## [THE TASK]
Verbatim copy without pictures. Please print every entry as it stands.

Source data

:::

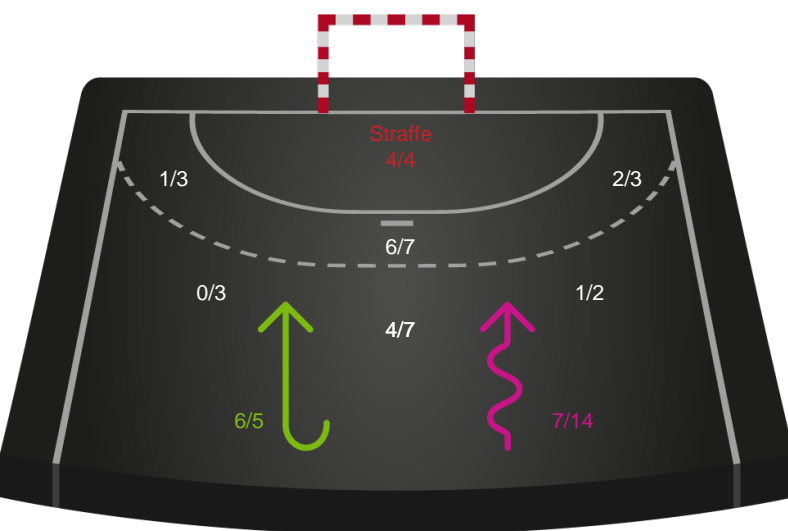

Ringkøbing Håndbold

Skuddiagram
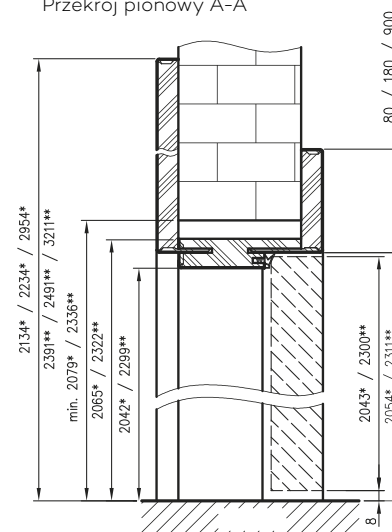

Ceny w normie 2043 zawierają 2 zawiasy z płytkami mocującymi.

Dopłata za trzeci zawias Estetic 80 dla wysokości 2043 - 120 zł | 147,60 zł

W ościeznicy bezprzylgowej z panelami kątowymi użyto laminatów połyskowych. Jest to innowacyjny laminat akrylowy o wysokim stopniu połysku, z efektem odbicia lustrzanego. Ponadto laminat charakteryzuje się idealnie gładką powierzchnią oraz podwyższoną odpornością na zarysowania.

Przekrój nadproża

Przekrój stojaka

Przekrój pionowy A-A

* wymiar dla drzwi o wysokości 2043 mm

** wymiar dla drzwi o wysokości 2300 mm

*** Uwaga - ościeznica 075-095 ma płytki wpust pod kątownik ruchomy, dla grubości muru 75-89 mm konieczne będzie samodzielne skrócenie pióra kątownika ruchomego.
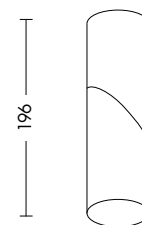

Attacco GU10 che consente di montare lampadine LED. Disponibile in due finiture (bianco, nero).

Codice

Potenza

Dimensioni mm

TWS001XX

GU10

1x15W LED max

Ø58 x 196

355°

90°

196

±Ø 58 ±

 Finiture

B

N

:::

## [OUTPUT FOR THIS EXERCISE]
Ringkøbing Håndbold

Skuddiagram

Ceny w normie 2043 zawierają 2 zawiasy z płytkami mocującymi.

Dopłata za trzeci zawias Estetic 80 dla wysokości 2043 - 120 zł | 147,60 zł

W ościeznicy bezprzylgowej z panelami kątowymi użyto laminatów połyskowych. Jest to innowacyjny laminat akrylowy o wysokim stopniu połysku, z efektem odbicia lustrzanego. Ponadto laminat charakteryzuje się idealnie gładką powierzchnią oraz podwyższoną odpornością na zarysowania.

Przekrój nadproża

Przekrój stojaka

Przekrój pionowy A-A

* wymiar dla drzwi o wysokości 2043 mm

** wymiar dla drzwi o wysokości 2300 mm

*** Uwaga - ościeznica 075-095 ma płytki wpust pod kątownik ruchomy, dla grubości muru 75-89 mm konieczne będzie samodzielne skrócenie pióra kątownika ruchomego.

Attacco GU10 che consente di montare lampadine LED. Disponibile in due finiture (bianco, nero).

Codice

Potenza

Dimensioni mm

TWS001XX

GU10

1x15W LED max

Ø58 x 196

355°

90°

196

±Ø 58 ±

 Finiture

B

N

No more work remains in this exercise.